Life in Africa can best be understood historically by understanding Africa from two dichotomous periods: the pre-Atlantic slave trade period, prior to the seventeenth century, and the post-Atlantic slave trade period, after the seventeenth century. The Atlantic slave trade is a useful marker for conceptualizing African life because it registers an important time in Africa that has all too often been neglected in popular narratives about the continent—the most important of which was that the regions and states within Africa all had longstanding and well-organized social systems that integrated with the lives of its citizens prior to European contact.

Their systems were in many ways differently organized than many western societies, but nonetheless, African social systems were alive and operating wonderfully long before white men landed upon their shores. This point needs to be strenuously emphasized because unfortunately many depictions of African peoples and their institutions have been, and to some extent still are, portrayed as being backward and inferior to the societies of the west and the east. Part of this difference can be explained by the Atlantic slave trade, and yet the Atlantic slave trade should by no means wholly encompass one's understanding of Africa and African peoples. On the contrary, the saliency of the Atlantic slave trade as a historical marker lies in the remarkable dexterity that it has for contextualizing the striking shifts in African life as a direct result of its influence. Therefore the notion of a pre- and post-slave trade Africa helps to illuminate the stability and strength of African societies prior to and after the trade, without over-determining its importance in African life. That said, in order to get at the uniqueness of African life, a grounding in the important social systems that influenced the lived experiences of African people prior to the disruption that occurred from the Atlantic slave trade helps us to conceptualize the beauty and complexity of African cultures. From this vantage point the wholeness of African life is given primacy over the slave trade, and thereby allowing for a more sophisticated critique of African life apart from this extremely complex social and political phenomenon.

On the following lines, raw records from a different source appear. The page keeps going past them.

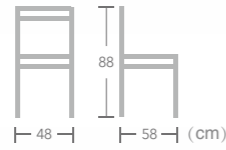

Eames

Item No.:E7025-T1
40HQ:680PCS

Textylene

CHAIR

Jason

Item No.:E8009-T1
40HQ:792PCS

Gabriel

Item No.:E7040-T1
40HQ:576PCS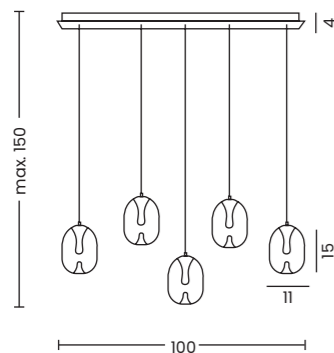

Pamela 11 Line 5 Smoky

Code / Color	● AZ6269 black
Material	glass / aluminium
Light source	5 x LED integrated
Power	25W
Kelvins	3000K
Lumens	2000lm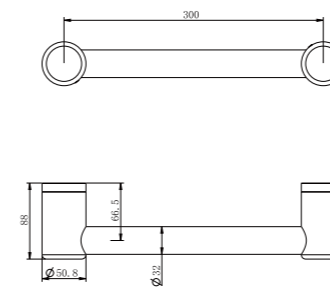

Matte Black  
NRCR3290aMB

Gun Metal  
NRCR3290aGM

Brushed Nickel  
NRCR3290aBN

Brushed Gold  
NRCR3290aBG

Brushed Bronze  
NRCR3290aBZ

**NRCR3212CH**

Mecca Care 32mm Grab Rail 300mm Chrome  
Colours Available: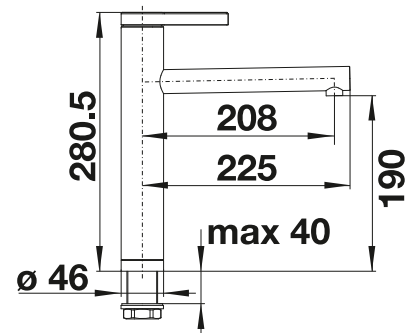

F Solid spout

METALLIC SURFACE

	chrome	517 594
	stainless steel satin matt	517 596

TECHNICAL DRAWING

Flowrate 11.5 l/min at 3 bar pressure

SCOPE OF SUPPLY

- 360° swivel spout for greater reach
- Ø 35 mm tap hole required
- With ceramic disk cartridge
- Patented jet regulator for markedly reduced scaling
- Flexible connector pipes, 500 mm long and 3/8" nut
- Stabilisation plate to increase the stability of the tap when fitted in stainless steel sinks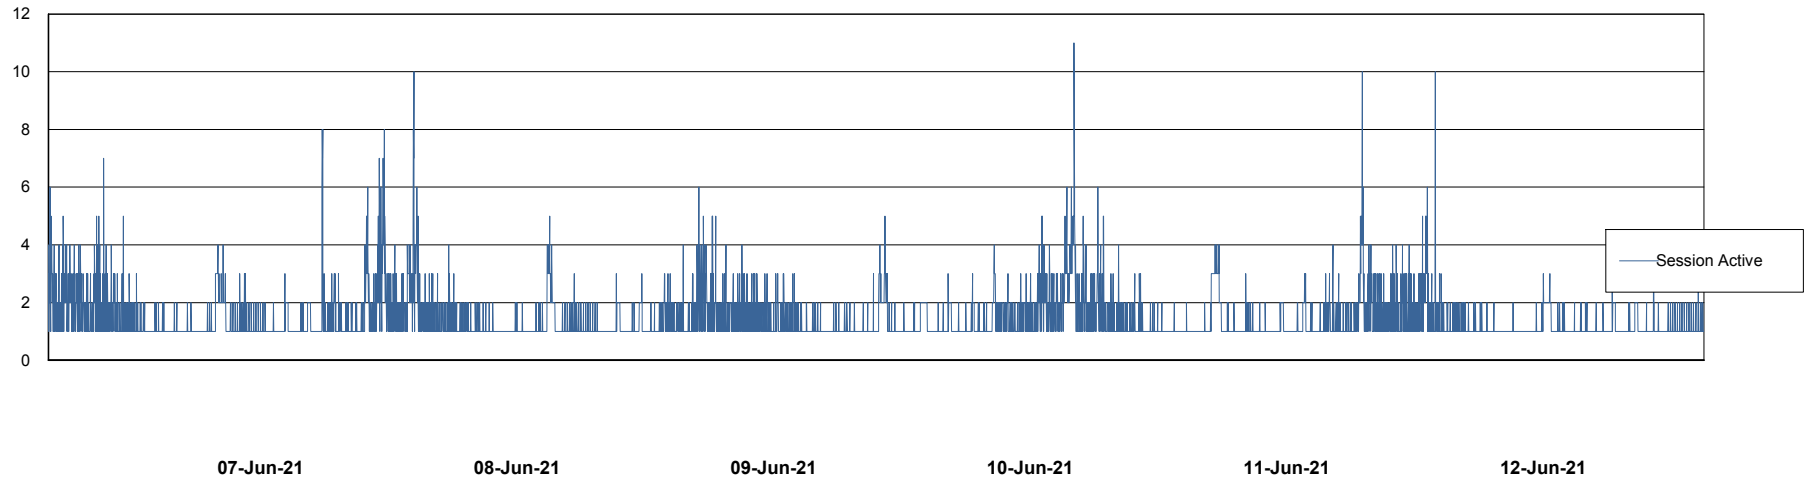

Weekly SLA Customer Report

Customer LLG_Production
Database ID 53

Database Performance LLGDB_BI02

Weekly SLA Customer Report

Customer LLG_Production
Database ID 53

Database Performance LLGDB_Production

Weekly SLA Customer Report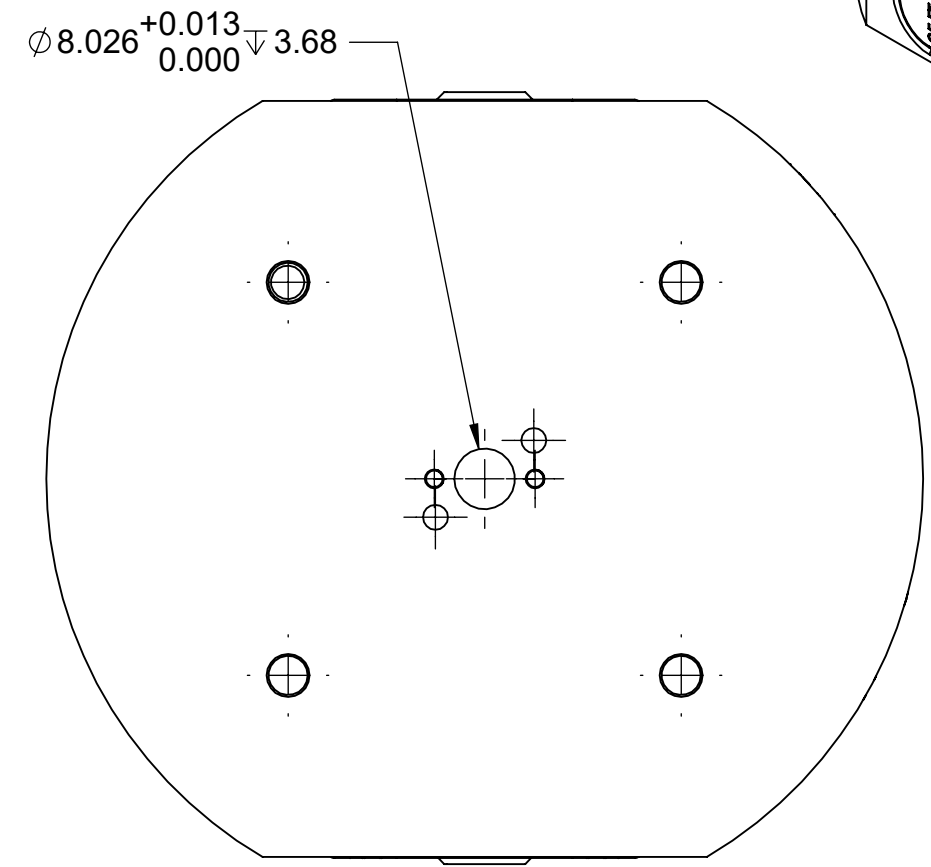

**MATERIAL:**  
 RL52A-4: 6061 ALUMINUM BODY  
 RL52S-4: 1018 STEEL BODY

# RL52A-4 RL52S-4

<b>MILLIMETER</b>				
WWW.5THAXIS.COM 7140 ENGINEER ROAD SAN DIEGO, CA 92111 P (858) 505-0432				
THIRD ANGLE PROJECTION		DESCRIPTION	<b>ROCKLOCK™ 52MM LOW-PROFILE BASE</b>	
SIZE	PART NO.	<b>RL52A-4 / RL52S-4</b>		REV
<b>B</b>				<b>B</b>
DO NOT SCALE DRAWING		SCALE 1:1	WEIGHT:	SHEET 1 OF 2

FOR REFERENCE ONLY - NOT FOR RESALE

<b>MILLIMETER</b>				
WWW.5THAXIS.COM 7140 ENGINEER ROAD SAN DIEGO, CA 92111 P (858) 505-0432				
THIRD ANGLE PROJECTION		DESCRIPTION	ROCKLOCK™ 52MM LOW-PROFILE BASE	
SIZE	PART NO.	REV		
<b>B</b>	<b>RL52A-4 / RL52S-4</b>	<b>B</b>		
DO NOT SCALE DRAWING		SCALE 1:1	WEIGHT:	SHEET 2 OF 2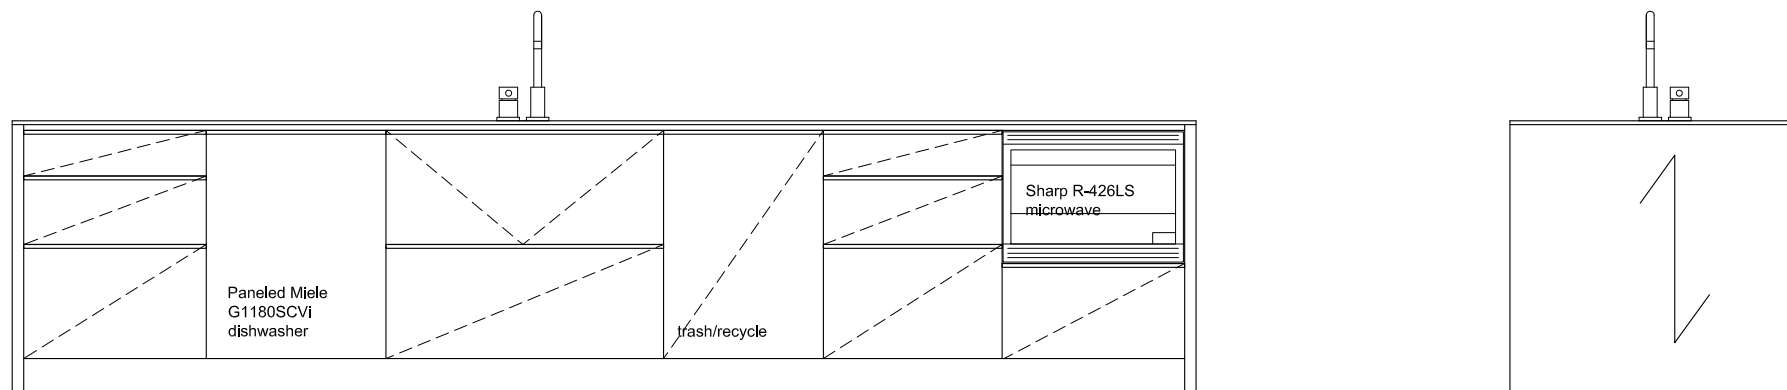

MATERIALS

fronts: HPL Raven and RC White Oak
carcasses: Skyply
kick fronts: HPL Raven and Rc White Oak
handles: Full length bent
countertop : white durat and Solid White Oak

3429 10th ave W - FOR APPROVAL

All designs are property of Henrybuilt Corporation. Reproduction, modification, and use for construction by any party other than Henrybuilt is prohibited.

12.17.07

Elevation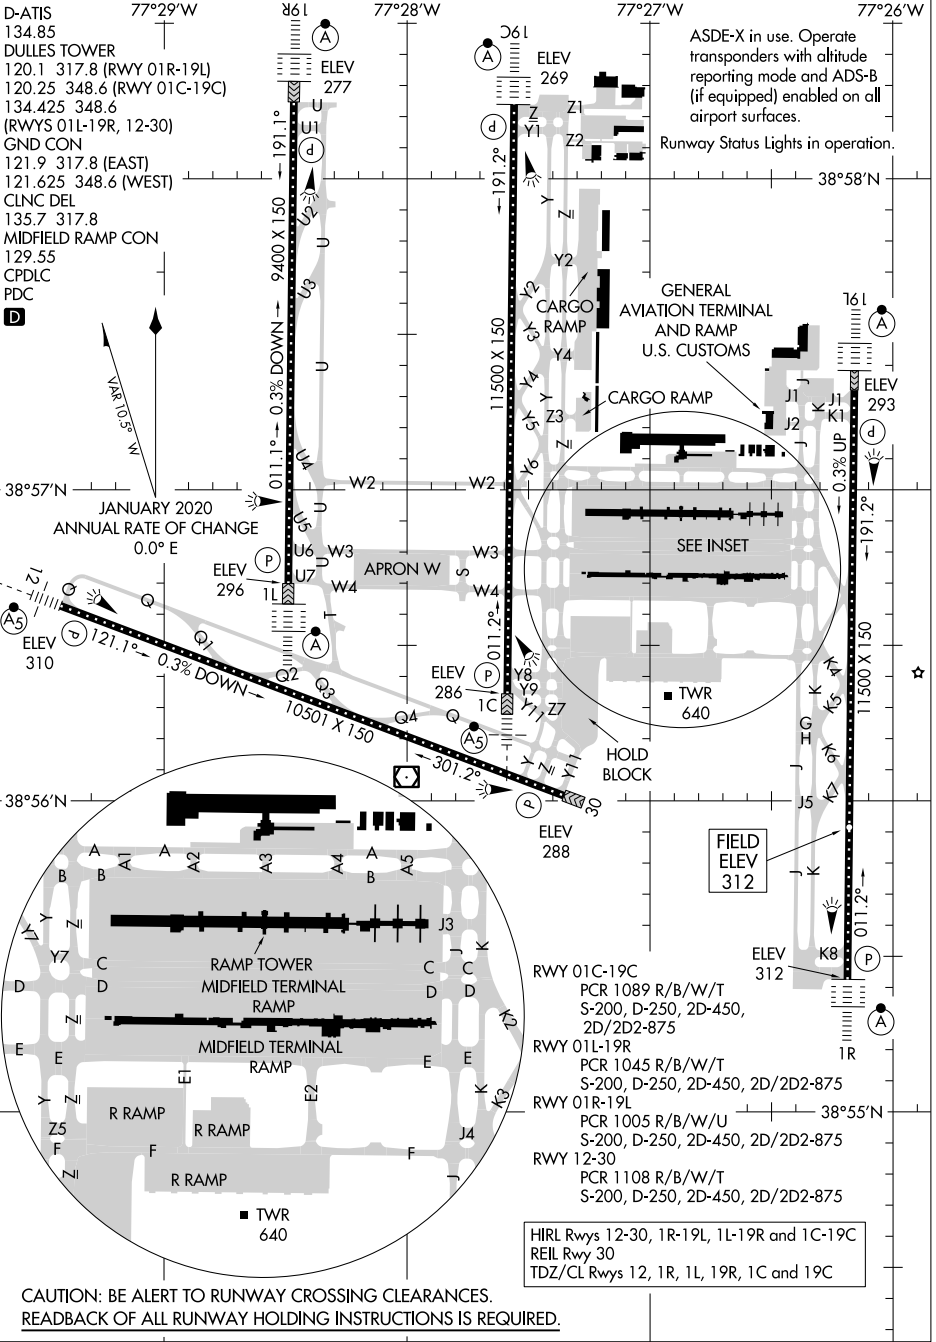

AIRPORT DIAGRAM

AL-5100 (FAA)

WASHINGTON DULLES INTL (IAD)
WASHINGTON, DC

NE-3, 26 DEC 2024 to 23 JAN 2025

NE-3, 26 DEC 2024 to 23 JAN 2025

AIRPORT DIAGRAM

WASHINGTON, DC
WASHINGTON DULLES INTL (IAD)

In the ancient and medieval era African states operated as autonomous regions from each other. In fact, before the middle of the fifteenth century the primary contact between African regions were along the coastal waterways along East Africa, across the Red Sea, and the Sahara Desert (Lovejoy 2000, p. 12). The trade of natural resources was primary impetus for contact between coastal and inland regions during this period and beyond. Valuable natural resources such as gold, copper, and salt, as well as plant items such as the kola nut, was what facilitated movement between inland and coastal states in Africa. It was around the growth and the trade of plants and minerals that regional development ensued and where the isolation that previously marked the inland and coastal regions began to dissipate.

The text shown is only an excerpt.